Le ripercussioni della pandemia sull’andamento della demografia in Italia sono state molto gravi. Il totale della popolazione residente al 31 dicembre 2021 è di 58 milioni e 983mila. Si scende sotto la soglia dei 59 milioni di residenti, un dato inferiore di circa -616 mila nei due anni di pandemia trascorsi, e questo risultato non tiene ancora conto del drammatico protrarsi degli effetti pandemici anche nel 2022.

La crisi demografica già precedentemente in atto era prevalentemente legata a fattori come: saldo naturale negativo, andamento delle migrazioni. L’effetto virus ha funzionato da moltiplicatore. Il picco di popolazione residente che aveva raggiunto - nel 2014 - oltre 60 milioni, è calato in soli 7 anni di oltre un milione di persone fino alla quota attuale. Si tratta di una diminuzione impressionante che crea il paradosso di un Paese che continua ad invecchiare mentre cala l’aspettativa di vita.

Ovviamente, nell’esaminare gli scenari demografici, il primo dato di fondo è quello della natalità. Più volte si è parlato del rischio di scendere sotto il numero di 4 milioni di nuovi nati annui, nel 2021 è purtroppo effettivamente accaduto. In 13 anni si è passati dal picco di 577mila nati al dato attuale con un calo di oltre il 30%. L’accelerazione di questa caduta, in epoca Covid va però analizzata con un approccio in parte diverso da quello tradizionale. È infatti legata, come negli anni precedenti, al processo di invecchiamento della popolazione in età feconda ma, dal 2020, anche a una forte contrazione di fiducia nel futuro. La natalità segna sempre picchi particolarmente negativi in occasione dei periodi di crisi, come riscontrabile ad esempio nella crisi del 2008 e adesso verificabile nelle varie fasi della pandemia: il calo delle nascite si accentua nei mesi di maggiore intensità dei contagi mentre ha dimensioni più contenute quando i contagi calano.

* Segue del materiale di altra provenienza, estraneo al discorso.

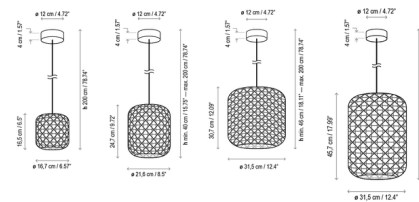

Description

Named for Cala Nans, a small cove in the Mediterranean Sea, the Nans Outdoor Pendant channels the nature and relaxed atmosphere of the Spanish coast. The hand-woven shade made of recyclable, non-toxic polyethylene offers handcrafted appeal and durability for outdoor environments. A polycarbonate diffuser inside the shade softens the LED light. The Nans is perfect for bringing warm, refreshing light into a range of residential and commercial settings from patios and cabanas to lounges and restaurants. Available in four heights: 6.5 inches (model S/16), 9.75 inches (S/21), 12.09 inches (S/31), and 17.99 inches (S/31.2). Note: 0-10V dimming is not available for the 6.5 inch fixtures.

Shown in graphite brown / brown

Specifications

COLOR Brown
 BODY FINISH Graphite Brown
 WATTAGE 6W
 DIMMER Standard 120V
 DIMENSIONS 6.57"W x 6.5"H
 INTEGRATED LED MODULE 1 x LED/6W/120V LED
 COUNTRY OF ORIGIN Spain
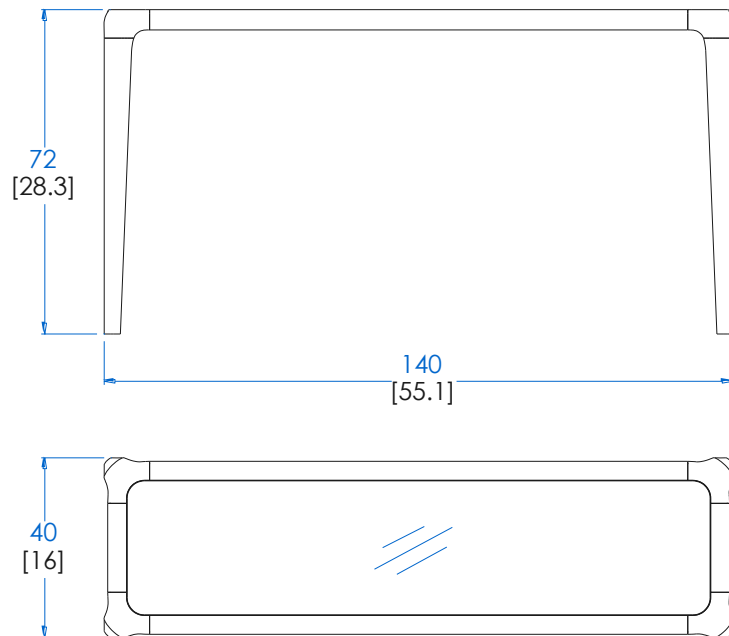

Collection BRIO (Hêtre)

rochebobois
PARIS

design Sacha Lakic

CTBR.CL01 - Console – L 140 H 72 P 40 cm

Console, structure en hêtre massif teinté, plateau en verre fumé bronze ou recouvert de Daquacryl (placage de PMMA 3 mm grand brillant sur panneaux de fibres de moyenne densité, 12 coloris).

CTBR.CL01 - Console – L 55,1" H 28,3" P 16"

Console with structure in solid beech with stained finish. Top in bronze smoked glass or in Daquacryl (3 mm-thick glossy PMMA veneer on MDF, 12 colours available).

CTBR.CL01 - Consola

Consola con estructura de haya maciza tintada, sobre de cristal ahumado bronce o recubierto de Daquacryl (chapado de PMMA 3 mm gran brillo sobre paneles de médium, 12 colores).
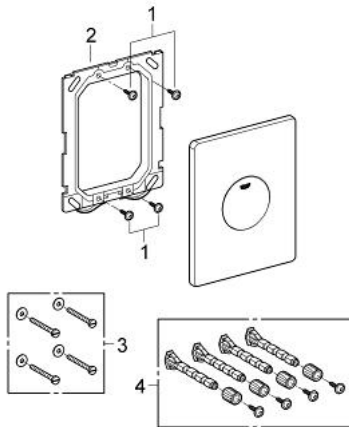

38 573 000 SKATE FLUSH PLATE

PRODUCT DESCRIPTION

- Colour: chrome
- for single flush actuation
- for pneumatic discharge valve
- vertical and horizontal installation
- 156 x 197 mm
- material: ABS
- GROHE LongLife finish

38 573 000 SKATE FLUSH PLATE

SPARE PARTS

- 1: Screw (Spare part-nr. 6636200M)
 - 2: Frame (Spare part-nr. 43207000)
 - 3: Fixing set (Spare part-nr. 4308500M)*
 - 4: Fixing set (Spare part-nr. 4215800M)*
- * Optional accessories

L’altro elemento fondamentale è ovviamente legato all’aumento dei decessi attribuibili in via diretta al Covid-19 e per una quota indirettamente legati ad altre patologie che, in emergenza, non è stato possibile trattare nei tempi e nei modi richiesti. Dati drammatici che, oltre a incidere pesantemente sul numero totale dei cittadini, modificano un assunto da anni ormai dato per scontato: la crescita dell’aspettativa di vita che invece cala di oltre un anno, tornando a un valore analogo a quello del 2012. Un terzo fattore riguarda le migrazioni, ed è l’unico scostamento positivo del 2021, ma non per tutti: sicuramente non per le destre come il dibattito politico dimostra.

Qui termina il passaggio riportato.